Originally Posted by
dooges
Hi there , new user here.
I sometimes come into these forums on anxiety to remind myself of the dark place I was in a couple of years ago.. My anxiety was over the top but for some reason I never gave into the fact that I might need meds to control. My reasoning? If my mind got me here my mind can get me out of here. Yes I had a little help from a psych ( about 6 visits ) but mostly I got through it myself... Med free... And so can you!,!,!
The biggest thing for me was a health anxiety bought on by a bad work situation which manifested itself as anxiety leading to actual physical symptoms bought on by that anxiety... The more symptoms I got the more worried and anxious I became leading to more symptoms.. One big huge revolving beast...
Lorenz is correct in what she states" you have to face up to it" 26 years is a long time to be looking at it but have you actually faced it?
Go on do it now.... and when you do actually ask yourself what actual harm has it done to you physically?
When I did this I found one thing....... I lost to much weight... As a result of my body being so strung out all the time the anxiety was using up so much inner energy..
I had so many symptoms, Heart pulps, muscle twitching everywhere, cold feet, headaches my god I could go on and on.. All I might add I was tested for and nothing even remotely serious came of any of them..

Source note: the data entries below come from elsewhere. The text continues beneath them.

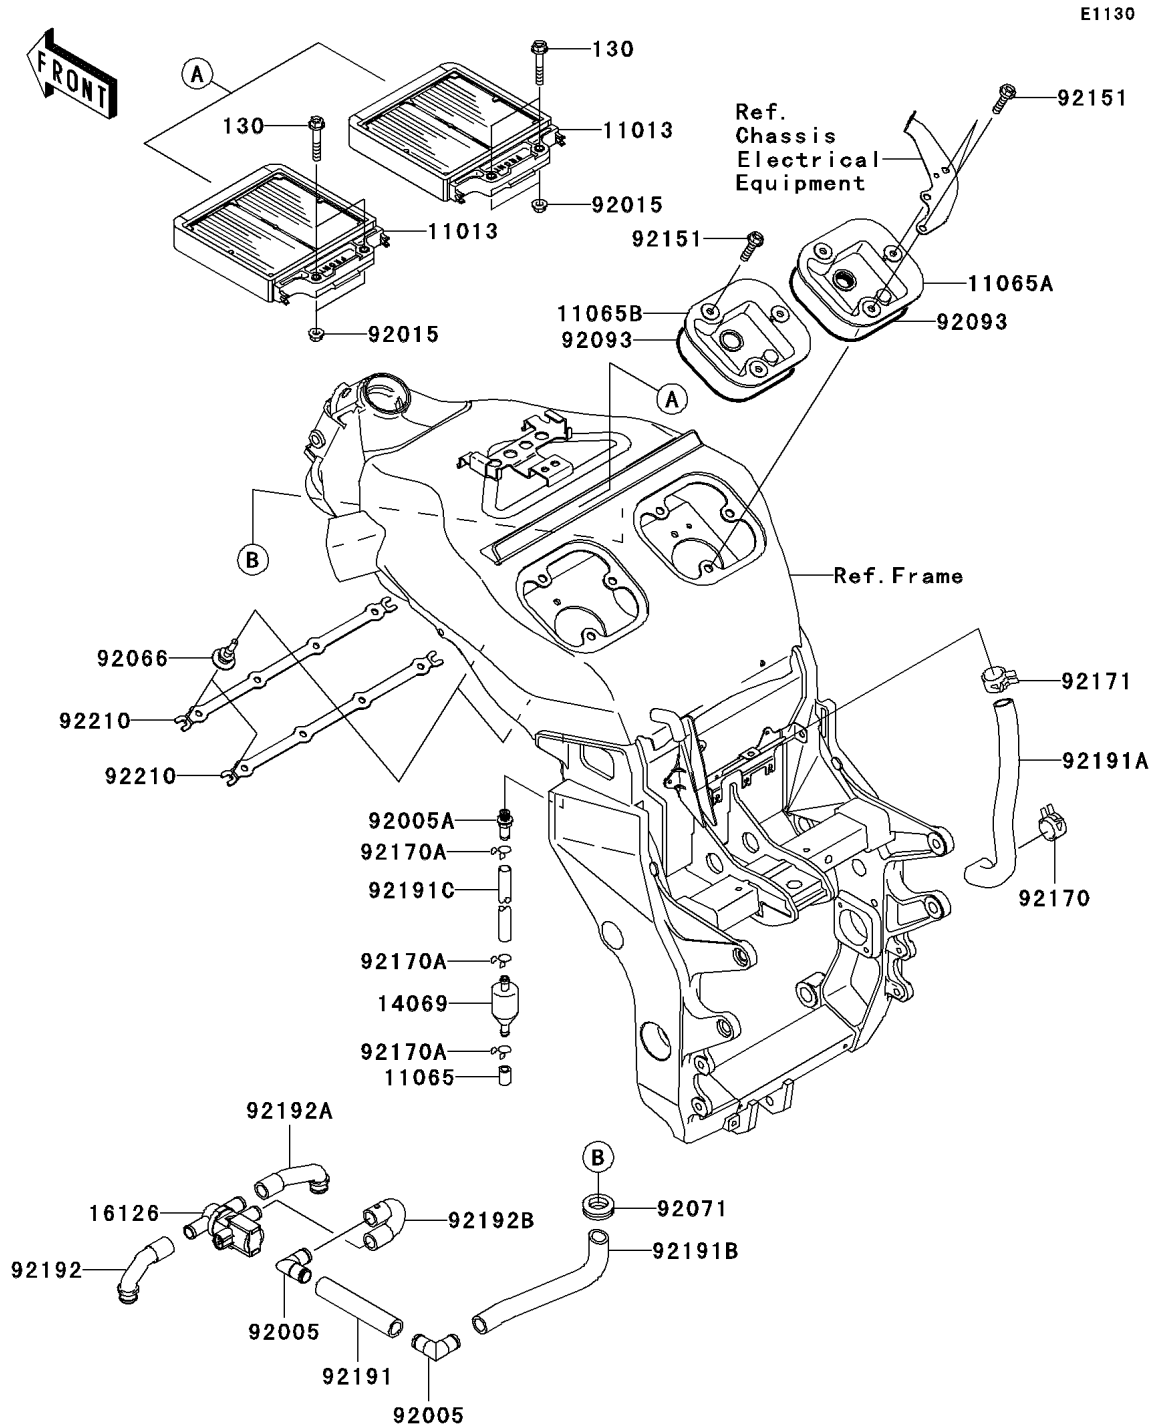

# 2006 Ninja® ZX™-12R (European) PARTS DIAGRAM

Air Cleaner

## 2006 Ninja® ZX™-12R (European) PARTS LIST

### Air Cleaner

ITEM NAME	PART NUMBER	QUANTITY
BOLT-FLANGED,6X35 (Ref # 130)	130L0635	4
ELEMENT-AIR FILTER (Ref # 11013)	11013-0005	2
CAP,BREATHER (Ref # 11065)	11065-1088	1
CAP,FRAME,RH (Ref # 11065A)	11065-1129	1
CAP,FRAME,LH (Ref # 11065B)	11065-1130	1
BREATHER (Ref # 14069)	14069-1051	1
VALVE,AIR CUT (Ref # 16126)	16126-1437	1
FITTING (Ref # 92005)	92005-1309	2
FITTING (Ref # 92005A)	92005-1365	1
NUT,6MM (Ref # 92015)	92015-1365	4
PLUG (Ref # 92066)	92066-1576	4
GROMMET,AIR FILTER (Ref # 92071)	92071-1042	1
SEAL (Ref # 92093)	92093-1507	2
BOLT,6X22 (Ref # 92151)	92151-1236	6
CLAMP (Ref # 92170)	92170-1060	1
CLAMP (Ref # 92170A)	92170-1529	3
CLAMP (Ref # 92171)	92171-1277	1
TUBE,14X20X111 (Ref # 92191)	92191-1215	1
TUBE,ENGINE-CLEANER (Ref # 92191A)	92191-1352	1
TUBE,AIR SWITCH-CLEANER (Ref # 92191B)	92191-1353	1
TUBE,7X12X460 (Ref # 92191C)	92191-1517	1
TUBE,VALVE-ASWV LH (Ref # 92192)	92192-0090	1
TUBE,VALVE-ASWV RH (Ref # 92192A)	92192-0091	1
TUBE,ASWV-FITTING (Ref # 92192B)	92192-0092	1
NUT (Ref # 92210)	92210-1183	2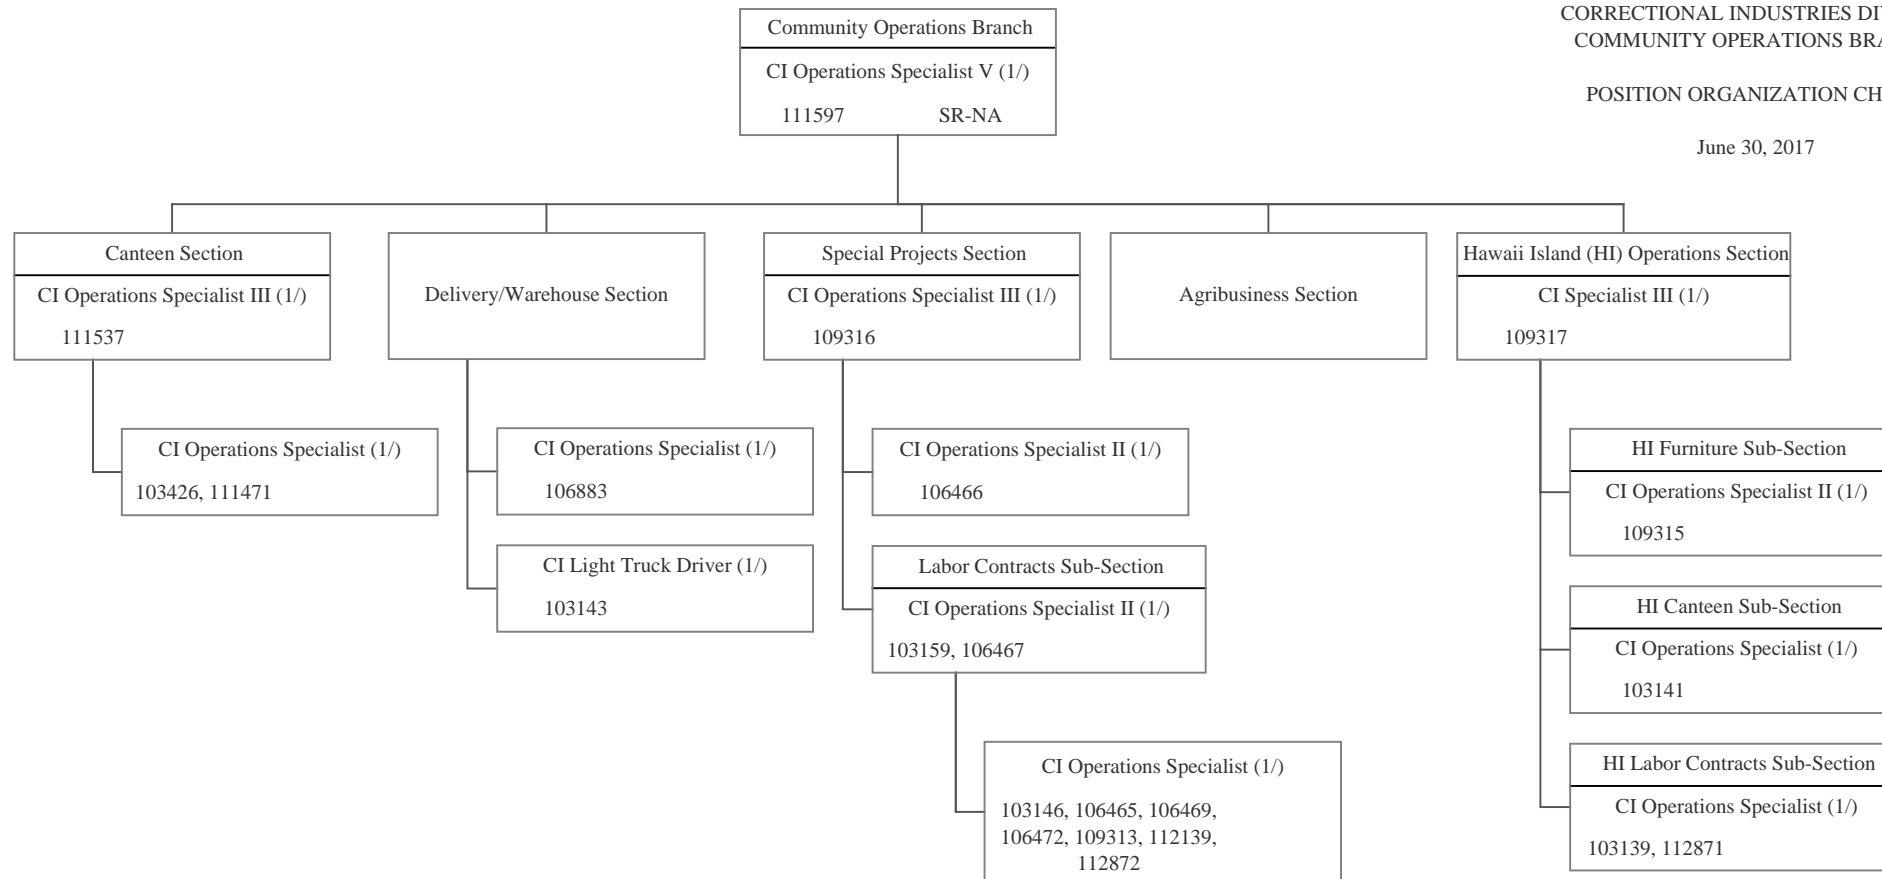

STATE OF HAWAII
DEPARTMENT OF PUBLIC SAFETY
OFFICE OF THE DEPUTY DIRECTOR FOR CORRECTIONS
CORRECTIONAL INDUSTRIES DIVISION
COMMUNITY OPERATIONS BRANCH

POSITION ORGANIZATION CHART

June 30, 2017

1/ Exempt Position NTE 06/30/2017

So I faced it... Looked at it for what it was.. A flawed thought process. You know at this point I couldn't even walk down a set of stairs without holding the hand rail. True.
So this is what I did to help myself..
I laughed at it.. Yep laughed at it... When ever I started getting the anxiety feeling I laughed at myself and said " good on you brain here it comes again" and I knew for the next few hours or days sometimes I would get that fast heart ( which is from the adrenalin you generate from the anxiety ) or what ever else it would throw at me but I kept laughing at it.
Gee that sounds strange doesn't it. Hard to do but doesn't do you any harm in itself. In actual fact it gets a lot easier pretty quickly.
So after 2-3 weeks my anxiety attacks got less frequent and weren't as prolonged.. 2 years later I can't even remember the web sites I used to visit and sit on for hours a day looking for a cure.
I still worry about my health more than the average person. But the one little thing my psych told me to do was to to worry about anything for 2 weeks after I noticed a new symptom. Just let it be and laugh hit off as another anxiety symptom. If it's still there after this period then see a doctor but keep putting it down to anxiety until the dr tells you otherwise.
Oh another thing. DO NOT DIAGNOSE YOURSELF USING GOOGLE! The single most worst thing you can do. It just feeds your anxiety in the worst possible way.
I'll mention two other things.
The idea of laughing at my anxiety came from a book called "The Happiness Trap" yellow cover with a smiley face on it. I read it and embraced it.
Secondly, watch a documentary called "Food Matters" there is a very interesting little part in there on how natural medicines can help with some mental health issues.
( did you know that anxiety uses up vast amounts of vitamin c. And that niacin ( vitamin B3 ) can have a huge positive effect on depression. No? Didn't think so because the big drug companies don't want you thinking that. No money in it).
Happy to take questions on my badly written post.. Sorry, it's late and I'm on my iPad.